━━ RECORDS PROVIDED ━━

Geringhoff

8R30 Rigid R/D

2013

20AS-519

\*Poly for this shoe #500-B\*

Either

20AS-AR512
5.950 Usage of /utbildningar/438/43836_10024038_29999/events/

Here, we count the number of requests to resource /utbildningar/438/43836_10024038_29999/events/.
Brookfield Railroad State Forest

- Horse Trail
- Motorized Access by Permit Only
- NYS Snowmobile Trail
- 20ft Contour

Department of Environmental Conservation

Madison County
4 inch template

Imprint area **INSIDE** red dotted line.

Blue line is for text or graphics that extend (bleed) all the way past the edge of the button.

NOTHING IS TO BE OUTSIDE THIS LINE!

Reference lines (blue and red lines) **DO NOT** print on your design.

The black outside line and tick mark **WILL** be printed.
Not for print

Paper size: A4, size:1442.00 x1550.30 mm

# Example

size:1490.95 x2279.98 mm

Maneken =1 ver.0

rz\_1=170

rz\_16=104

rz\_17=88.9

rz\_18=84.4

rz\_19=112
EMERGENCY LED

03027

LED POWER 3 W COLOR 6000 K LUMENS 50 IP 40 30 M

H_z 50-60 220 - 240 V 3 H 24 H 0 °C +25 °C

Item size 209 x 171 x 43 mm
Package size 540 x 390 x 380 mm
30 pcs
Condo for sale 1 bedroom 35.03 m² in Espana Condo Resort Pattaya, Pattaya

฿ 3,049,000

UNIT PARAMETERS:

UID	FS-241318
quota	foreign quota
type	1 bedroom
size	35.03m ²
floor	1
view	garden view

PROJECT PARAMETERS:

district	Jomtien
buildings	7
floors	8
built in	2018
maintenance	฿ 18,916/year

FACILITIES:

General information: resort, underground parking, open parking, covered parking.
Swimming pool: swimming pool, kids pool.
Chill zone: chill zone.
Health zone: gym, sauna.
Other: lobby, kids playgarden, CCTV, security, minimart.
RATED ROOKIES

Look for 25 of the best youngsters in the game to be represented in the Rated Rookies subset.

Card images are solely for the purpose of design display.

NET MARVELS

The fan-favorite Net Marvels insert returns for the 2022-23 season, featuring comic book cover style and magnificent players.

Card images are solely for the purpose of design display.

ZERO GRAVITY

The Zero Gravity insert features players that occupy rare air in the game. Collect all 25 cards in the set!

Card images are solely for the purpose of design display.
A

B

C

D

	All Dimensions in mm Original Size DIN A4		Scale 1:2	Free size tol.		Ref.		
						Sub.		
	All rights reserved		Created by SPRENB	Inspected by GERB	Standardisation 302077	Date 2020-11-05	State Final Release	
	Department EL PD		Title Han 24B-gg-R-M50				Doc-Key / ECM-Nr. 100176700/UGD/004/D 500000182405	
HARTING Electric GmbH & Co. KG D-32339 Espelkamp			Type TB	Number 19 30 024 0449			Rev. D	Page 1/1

━━━

• [WHAT THIS TASK INVOLVES]:
Could you return all lines from the records that include the word "zone"?

• [RESULT OF THIS EXERCISE]:
Chill zone: chill zone.
Health zone: gym, sauna.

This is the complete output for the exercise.